(Records from a data source)
****

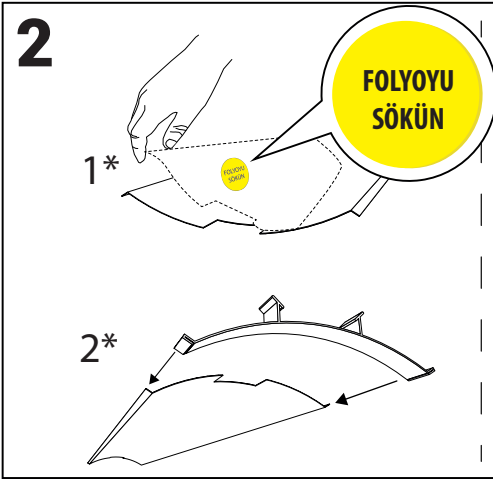

1.4 MONTAJ ve KULLANIM KILAVUZU

MOUNTING and USER GUIDE

PL 1XT5

PL 1XT5-LİNEER LED AYDINLATMA ARMATÜRÜ

SIVA ÜSTÜ MONTAJ TİPİ
SURFACE MOUNTING TYPE

SIVA ÜSTÜ MONTAJ TİPİ SURFACE MOUNTING TYPE

Armatür Elektrik bağlantısı yetkili ve profesyonel kişiler tarafından yapılmalıdır. Şebeke bağlantısı için "Elektriksel Bağlantı Şema" sına bakın.

Electrical connection must be made by authorized & professional persons. See Electrical Wiring Diagram for mains connection

UÇ UCA EKLEME BUTT JOINT

Armatür Elektrik bağlantısı yetkili ve profesyonel kişiler tarafından yapılmalıdır. Şebeke bağlantısı için "Elektriksel Bağlantı Şema" sına bakın.

****

Every line above is to be written out unchanged, with the pictures omitted.

1.4 MONTAJ ve KULLANIM KILAVUZU

MOUNTING and USER GUIDE

PL 1XT5

PL 1XT5-LİNEER LED AYDINLATMA ARMATÜRÜ

SIVA ÜSTÜ MONTAJ TİPİ
SURFACE MOUNTING TYPE

SIVA ÜSTÜ MONTAJ TİPİ SURFACE MOUNTING TYPE

Armatür Elektrik bağlantısı yetkili ve profesyonel kişiler tarafından yapılmalıdır. Şebeke bağlantısı için "Elektriksel Bağlantı Şema" sına bakın.

Electrical connection must be made by authorized & professional persons. See Electrical Wiring Diagram for mains connection

UÇ UCA EKLEME BUTT JOINT

Armatür Elektrik bağlantısı yetkili ve profesyonel kişiler tarafından yapılmalıdır. Şebeke bağlantısı için "Elektriksel Bağlantı Şema" sına bakın.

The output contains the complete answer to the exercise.